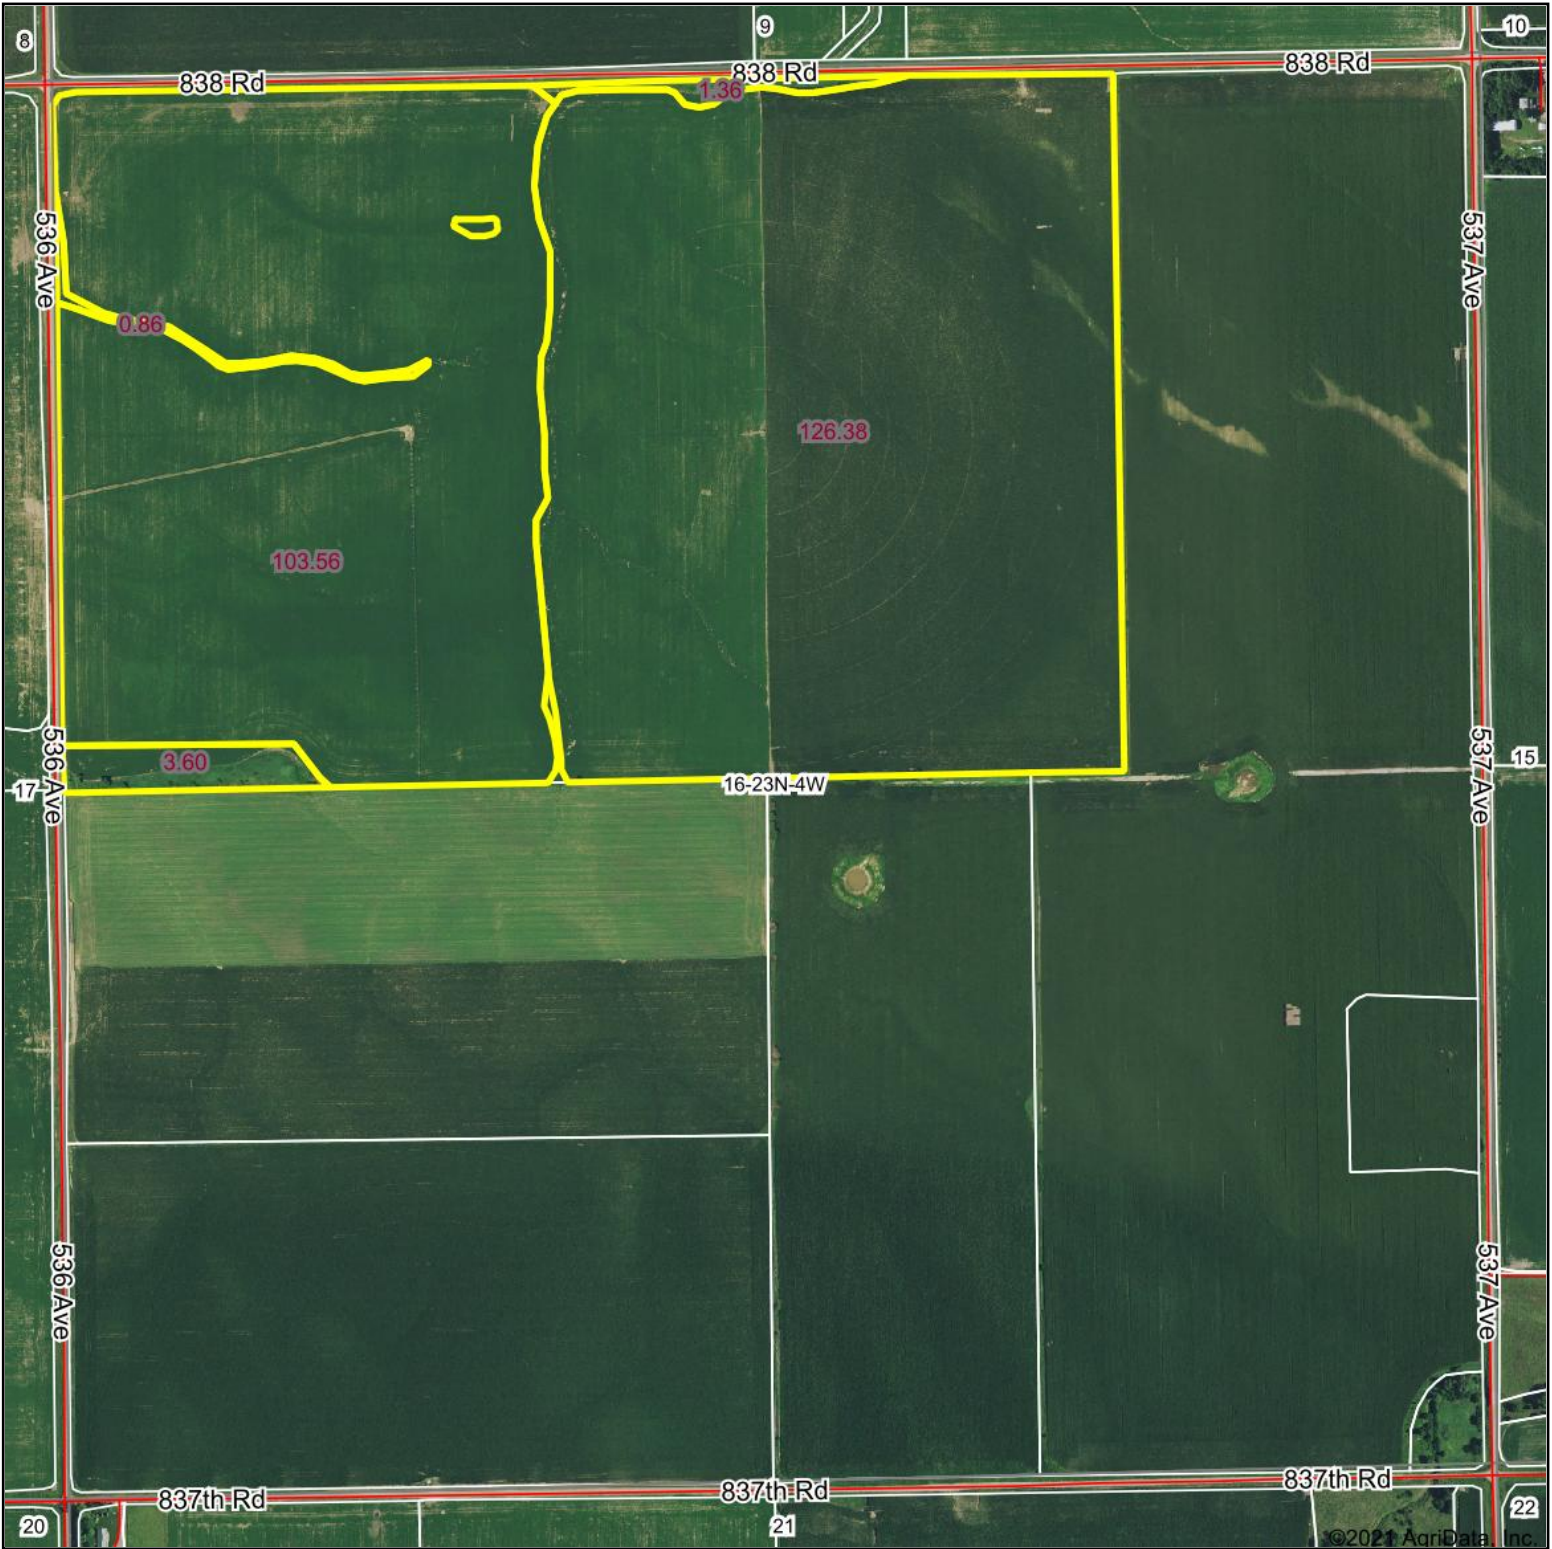

Aerial Map

Map Center: 41.967143, -97.785234

16-23N-4W
Madison County
Nebraska

8/31/2021

Maps Provided By:
 **surety**
CUSTOMIZED ONLINE MAPPING
© AgriData, Inc. 2021 www.AgriDataInc.com

Field borders provided by Farm Service Agency as of 5/21/2008.
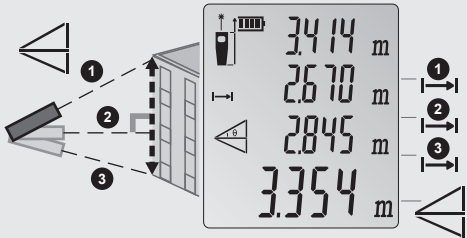

404E/406E

Laser Distance Meter

1x

2x

3x

4x

5x

6x

Clear OFF

Clear OFF

1x =

Clear OFF

2x =

Clear OFF

2sec

QRG
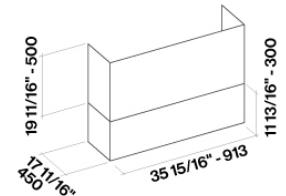

## TECHNICAL FEATURES

**Installation type**  
Wall

**Dimensions**  
36 / 90 cm

**Finish**  
Scotch brite stainless steel (AISI 304)

**Motor**  
CFM

**Type of control**  
Mechanical control

**Lighting**  
LED Strip (3000K)

## PACKAGING:WEIGHTS AND VOLUMES

**Gross weight**  
98 lbs

**Net weight**  
83 lbs

**Volumes**  
25 ft<sup>3</sup>

**Packaging size**  
Length  
41 in  
Height  
36 in  
Depth  
30 in

## CONSUMPTION AND CONNECTION FEATURES

**Maximum consumption**  
680 W

Lateral view

Top view

Optional chimney

What you have to do:
Nothing but the pictures may be dropped; restate the material word for word.

Answer to the problem:
Aerial Map

Map Center: 41.967143, -97.785234

16-23N-4W
Madison County
Nebraska

8/31/2021

Maps Provided By:
 **surety**
CUSTOMIZED ONLINE MAPPING
© AgriData, Inc. 2021 www.AgriDataInc.com

Field borders provided by Farm Service Agency as of 5/21/2008.

404E/406E

Laser Distance Meter

1x

2x

3x

4x

5x

6x

Clear OFF

Clear OFF

1x =

Clear OFF

2x =

Clear OFF

2sec

QRG

## TECHNICAL FEATURES

**Installation type**  
Wall

**Dimensions**  
36 / 90 cm

**Finish**  
Scotch brite stainless steel (AISI 304)

**Motor**  
CFM

**Type of control**  
Mechanical control

**Lighting**  
LED Strip (3000K)

## PACKAGING:WEIGHTS AND VOLUMES

**Gross weight**  
98 lbs

**Net weight**  
83 lbs

**Volumes**  
25 ft<sup>3</sup>

**Packaging size**  
Length  
41 in  
Height  
36 in  
Depth  
30 in

## CONSUMPTION AND CONNECTION FEATURES

**Maximum consumption**  
680 W

Lateral view

Top view

Optional chimney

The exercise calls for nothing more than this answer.